Our topic today, Is the Book Always Better than the Movie? To which I respond, that’s like asking if the peanut butter sandwich is always better than the sonnet, as I believe they are two totally different forms to such an extent that the question is largely meaningless.

Yes, writing a book and shooting a movie may both be forms of “storytelling,” but the tools available to the creator(s) of either are not really the same. A movie has one or more writers, but sometimes you can barely notice them beneath the actors, the director, the sound people, a composer, an orchestra, the special effects department, the CGI folks, the stuntmen, the pyro guys, the set designer, the costumer, the snake wrangler, the snake, the key grip and the best boy (I still don’t know what those last two things are). A book has got…a writer. Or maybe more than one, if you can collaborate without choking your partner(s) to death with a wire hanger, but it is usually just one writer. And that poor shlub has got to do everything the battalion of people involved in a movie do; before, during, and after the actual shooting. Including the snake.

Except, not really. Because the writer has one thing that the movie crew does not have when the time finally comes to unfurl the finished work. The writer has a reader.

As writers, we like to think we are creating these vast worlds, populating them with fascinating characters, and throwing them all into heart-stopping drama, hilarious comedy, touching romance, some or all of the above. But we’re not. Our readers are doing that. Everything that “happens” in a written work happens in the mind of the person reading it, not in the words on the page or the e-reader. And certainly not on a movie screen or a digital tv. If an audience member goes to the john or makes a sandwich, Norman Bates keeps whacking people and Thor keeps pitching his hammer around. If a reader stops reading, it’s not just a pause button. It is the end of production (hopefully temporary) to an act of artistic creation that is still happening the very instant that the words are being read, and the world is being created up in the grey matter.

It is my belief, that all things being equal, the average person is going to like the same story they both read as a book and saw as a movie better the first way, because when they read it, they made the story. They didn’t watch the end result of hundreds of other people coming together to do it: They did it themselves, based on the efforts of another person (the writer) to communicate something they made up in their own mind.
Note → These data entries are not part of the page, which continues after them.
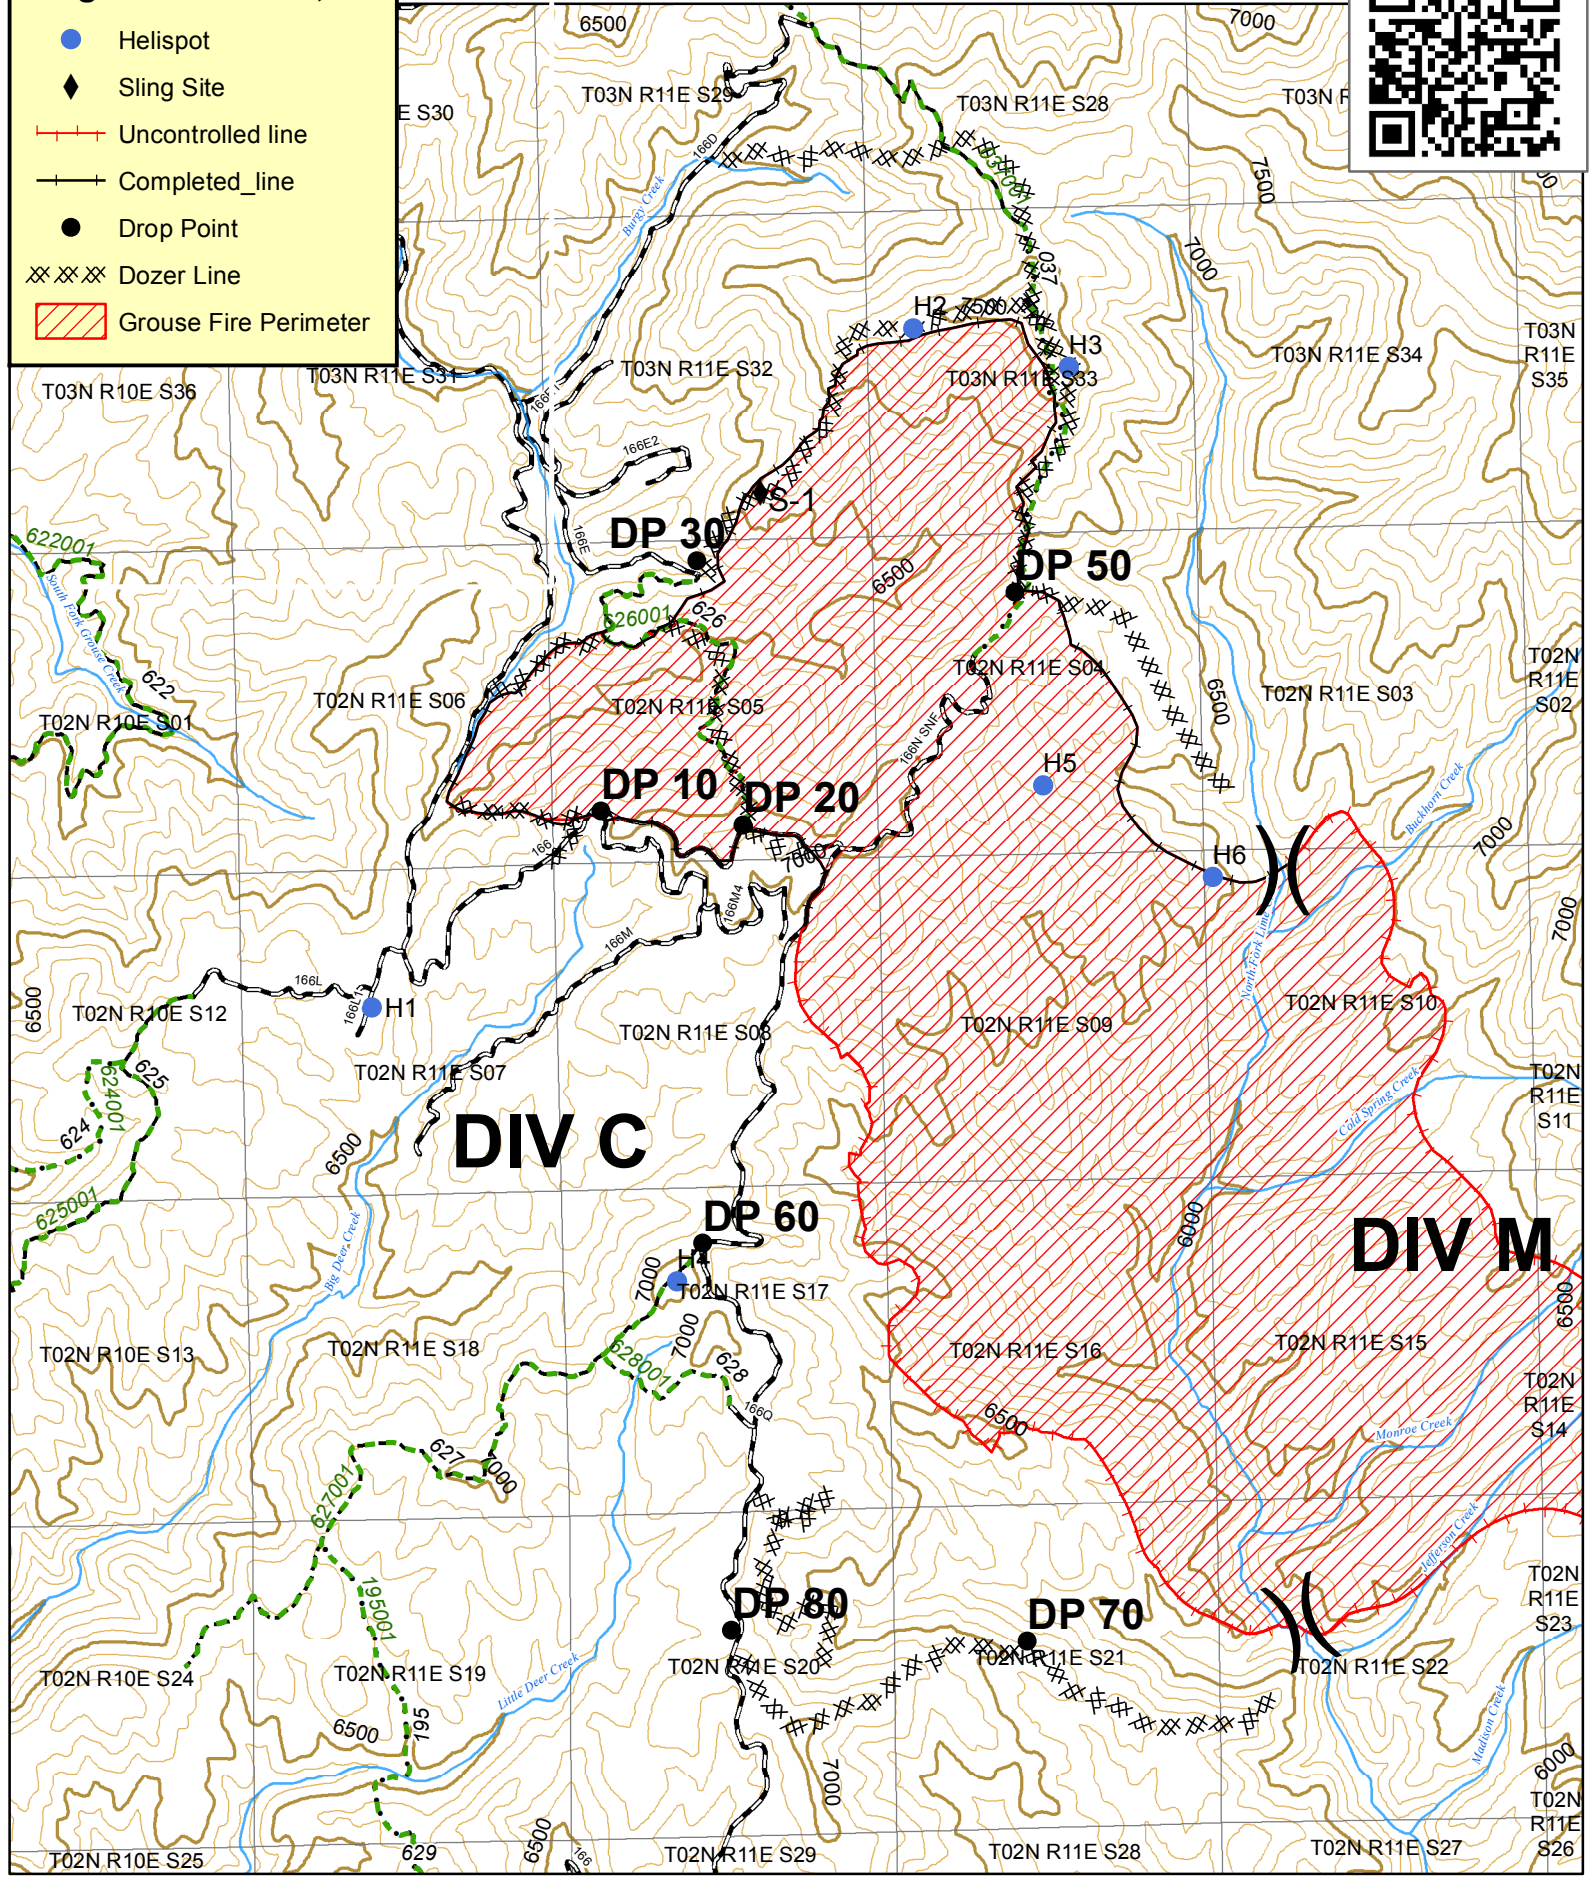

Legend ACRES: 3,980

- Helispot
- ◆ Sling Site
- Uncontrolled_line
- Completed_line
- Drop Point
- XXX Dozer Line
- Grouse Fire Perimeter

Grouse Fire: Division C

Prepared by: Information Resources Management
 Supervisor's Office
 Boise National Forest
 Boise, Idaho

Produced: 9/21/2020 By: zvanabbema
 File: T:\FSNFS\Boise\Program\5100\Fire\GIS\Wildfire\2020\Grouse\Products\DIV Maps\IC4 Maps\DIV C.mxd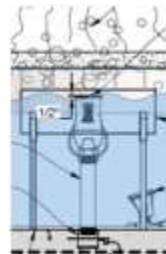

10.5 in dia, 2.5 in center port, 20 ft. power cord

FEG-M10.50-9C	9 watt cool white LED, 12 volt	$1,150.00
FEG-M10.50-12C	12 watt cool white LED, 12 volt	$1,390.00
FEG-M10.50-18C	18 watt cool white LED, 24 volt	$1,763.00*
FEG-M10.50-9RGBW	9 watt RGBW LED, 24 volt	$1,923.00*
FEG-M10-RLSS	Ring Light SS sump assy.	$1,445.00*

Available with any SS centre jet / nozzles -- add optional

Note: color changing lights require DMX control system, for details email

Note: All product with * indicates special order - lead time 3 weeks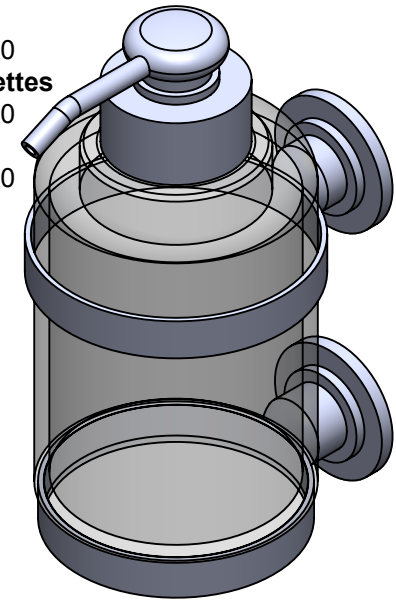

## Collection : Alliance

Distributeur de savon liquide mural. GM, cristallin, cont.360ml.  
*Wall-mounted soap dispenser. large size, cristallin, cont.360ml.*

**Star**  
Ref. C31-530  
**Star Lisse**  
Ref. C32-530  
**Star à Manettes**  
Ref. C33-530  
**Alliance**  
Ref. C29-530

*ø de perçage et entraxe recommandés.  
ø recommended drilling and centre distances.*

**CRISTAL & BRONZE**  
PARIS · 1937

23/11/2023 -1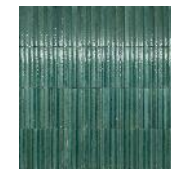

Emerald

Surface

Lux

Size

6x24

3D Structure

Rake 3D 6x24
Available in all Colours

Swing 3D 6x24
Available in all Colours

It is a profoundly different level of communication than is ever going to be possible no matter how good 3-D gets, or how loud they turn up the freakin’ sound at AMC.

Do I have a point in saying all this? I do, as a matter of fact. An awful, awful lot of writing advice these days boils down to the same thing. Whether it’s “move the action faster, K.I.S.S., don’t get bogged down in description, cut to the chase, always move the story forward,” so forth and so on, the commonality often urged upon writers seems to be to make their books more cinematic. To write their story only as if they are writing a movie somebody is going to watch in their head.
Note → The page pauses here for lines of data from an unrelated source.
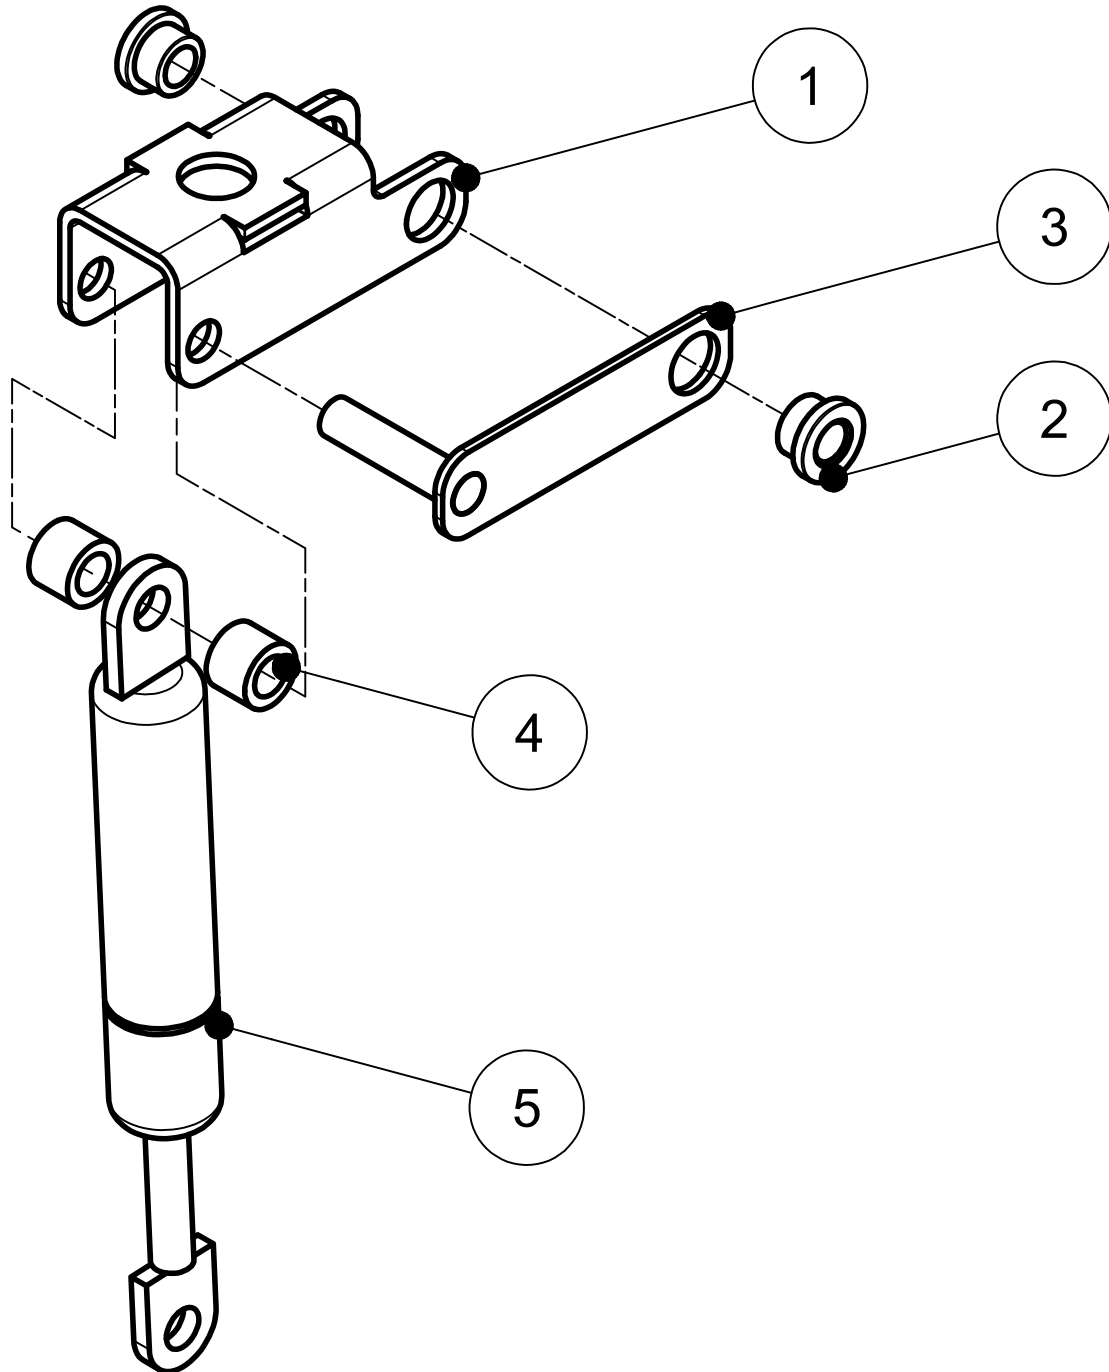

Parts Breakdown

Model VP-NL-0021-SN 59009

Overall

Parts Breakdown

Model VP-NL-0021-SN 59009

Vacuum Chamber

Parts Breakdown

Model *VP-NL-0021-SN* 59009

Seal Lid

Parts Breakdown

Model VP-NL-0021-SN 59009

Hinge

Parts Breakdown

Model VP-NL-0021-SN 59009

Air Valve

Parts Breakdown

Model VP-NL-0021-SN 59009

Transformer

Parts Breakdown

Model VP-NL-0021-SN 59009

Control Panel

Parts Breakdown

Model VP-NL-0021-SN 59009

Overall

Parts Breakdown

Model VP-NL-0021-SN 59009

Vacuum Chamber

Item No.	Description	Position	Item No.	Description	Position	Item No.	Description	Position
AI883	T4-LL Vacuumbak for 59009	1A	65776	Spring Washer DIN 127 - A4 for 59009	9	15775	Micro Switch MV3003L for 59009	19
AI884	T4 Vacuumbak for 59009	1B	27830	Slotted Cheese Head Screw M4x6 A2 DIN84 for 59009	10	27822	Castle Washer M3 for 59009	20
AI885	T4 Vacuumbak Gas for 59009	1C	65766	Opsteeknippel 1/8"x6mm for 59009	11	27821	Slotted Cheese Head Screw M3x16 A2 DIN84 for 59009	21
65765	Verlengstuk Sealcilinder 27mm for 59009	2	35407	Sealing Washer 0-1/4 for 59009	12	27810	Spring Ring with Cover 6mm / Shaft Locker with Cover for 59009	22
27799	Plastic Nut M24 for 59009	3	65771	Blindplug 1/4" Brass/Nickel for 59009	13	AI888	Scharnieras TT-03 for 59009	23
27381	O-Ring 34x3mm for 59009	4	35201	Elbow Brass for Gaspipe for 59009	14	AI889	Scharnierdeel T4 Geassembleerd for 59009	24
65774	Distance Ring 8mm for Seal Cilinder 90mm for 59009	5	30019	Hose Clip Klemfa 12.8x14.8mm for 59009	15	47339	Comb. Valve Model-I LV for 59009	25A
27832	O-Ring 40x3mm for 59009	6	AI887	T4 Slangenboom for 59009	16	AI890	Combinatieventiel Model-I SA/LV Geass. for 59009	25B
65764	Sealcylinder 90mm Trough Shaft Assemb. for 59009	7	27823	Hexagon Nut M3 DIN934 A2 for 59009	17	35215	Capnut High M5 D1587 A2 for 59009	26
AI886	Sealsnoer C1-12 for 59009	8	65772	M3 Washer DIN 9021 for 59009	18			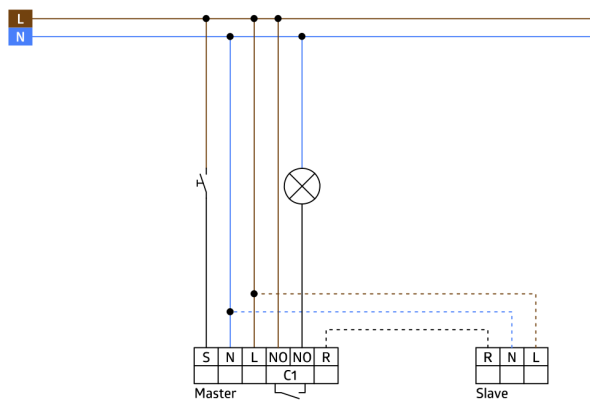

Product information

Slave device

For extending the detection area of a Master device

Compatible with 230 V devices. Concerning exceptions please see the respective master device.

Available with covering (centre plate dimensions 60 x 60 mm) or without covering for use with covering (centre plate dimensions 50 x 50 mm) in 5 different colours

In combination with centre plates usable with current frame systems of various manufacturers

B.E.G. frames and centre plates for combination with other frame systems available

Application examples: monitoring of public lavatories, corridors, archive rooms, conference rooms

And really, that may be perfectly good advice if your main goal as a writer is only to broaden your base, because let’s face it. People are lazy. Just because they chose to pick up a book rather than order Transformers XVII on-demand, that doesn’t mean they want to work too hard following intricate plotlines, challenging characters, or thought-provoking moral quandaries. Fast food sells, at the corner Burger King, on the movie screen, and on the virtual bookshelves. And I’m fine with that. I got two sausage-and-egg McMuffins for $3.33 last Thursday, and it was awesome.

But you know what? There is more to food than burgers, and there is more to literature than Generic Genre-of-the-Moment piece, Number Infinity. Some readers do in fact like reading, even if only once in a while, specifically because they want to experience something richer, and fuller, and deeper than mass media is likely to deliver. True, writing a book just for people like that is probably not the path to achieving vast wealth and power. But if that is what you are after, you really should have gone into credit default swaps or venture capital.
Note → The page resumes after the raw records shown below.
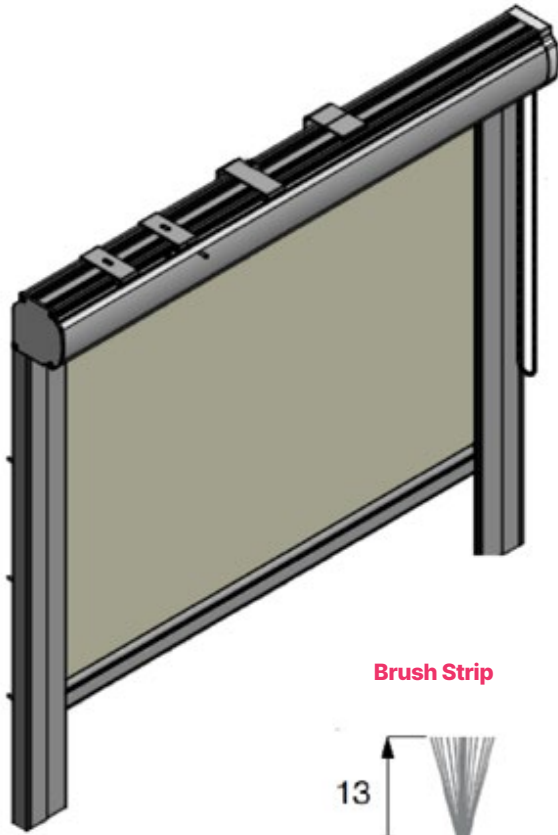

TECHNICAL INFORMATION

BLIND TYPE	CASSETTE ROLLER BLIND
FUNCTION	INTERNAL SHADING
MAXIMUM WIDTH	UP TO 2100 MM
MAXIMUM DROP	UP TO 2200 MM
MAXIMUM SURFACE AREA	4.6 M ² (FABRIC DEPENDANT)
OPERATING OPTIONS	MANUAL, MOTORISED
PRODUCT WARRANTY	5 YEARS
BARREL DIMENSIONS	32 MM
BARREL MATERIAL	ALUMINIUM
MAUNAL TYPE / STYLE	CHAIN / CRANK
ADDITIONAL FEATURES	RAL COLOUR MATCHED CASSETTE
BOTTOM BAR DESIGN	EXPOSED OR FABRIC COVERED

SPECIFICATION

C63 Specifications

Headbox

Top Fix

Face Fix

Brush Strip

Bottom Bar

Side Channel

Bracket Detail

Side Channel Option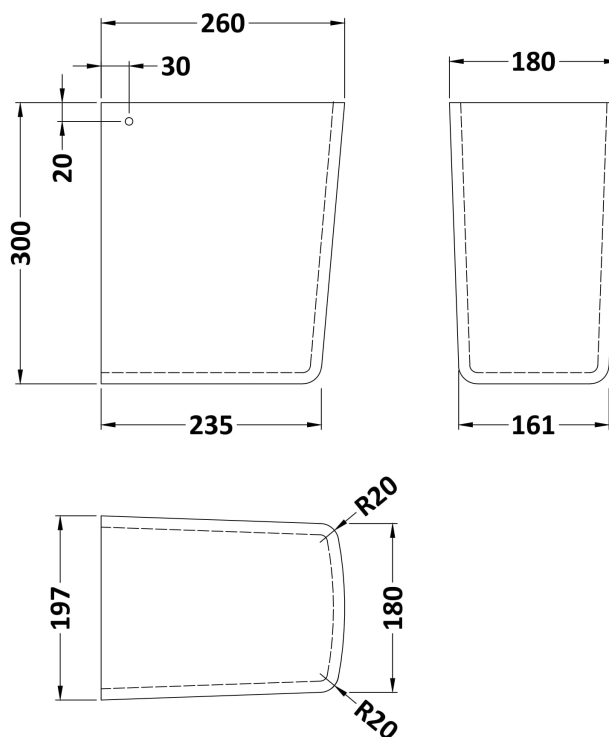

### Product Dimensions

Height (mm):	198
Width (mm):	500
Depth (mm):	375
Nett Weight (kg):	12.8

### Packaging Dimensions

Height (mm):	205
Width (mm):	510
Depth (mm):	390
Gross Weight (kg):	13

### Outer Box Dimensions (If Applicable)

Height (mm):	
Width (mm):	
Depth (mm):	
Gross Weight (kg):	
Barcode:	5055369026227

**Product Dimensions**

Height (mm):	300
Width (mm):	197
Depth (mm):	260
Nett Weight (kg):	7.6

**Packaging Dimensions**

Height (mm):	315
Width (mm):	220
Depth (mm):	275
Gross Weight (kg):	7.8

**Packaging Data**

In short, if you are of the school which tends to feel the book is always better than the movie, you might want to take a moment to decide why that is. Then when you are writing your own books, think about if you are actually writing a book, or something else.

Oh, and the pic up at the top, PD James’s Children of Men, plus the movie version with Clive Owens. I totally like the movie better. 😉

———-
And now, another genuine one-star book rating. Consider it a small pick-me-up next time you yourself get a rating that is, shall we say, less-than-stellar.

“The characters were dull and the ending to the story was meaningless.”
The Perfect Storm: A True Story of Men Against the Sea by Sebastian Junger (the book)

Author: M. Edward McNally

Epic fantasy author M. Edward McNally is a North Carolinian of Irish/Mexican extraction. He has a Masters in English Lit from ISU and Russian/East European History from ASU. He grew up mostly in the Midwest along I-35 northbound (KS, IA, MN), and now resides in the scrub brush surrounding Phoenix AZ, where the scorpions and javelinas play. Learn more about Ed at his blog, and his Amazon author page.

20 thoughts on “Ed’s Casual Friday. Book v. Movie, Steel-Cage Death Match”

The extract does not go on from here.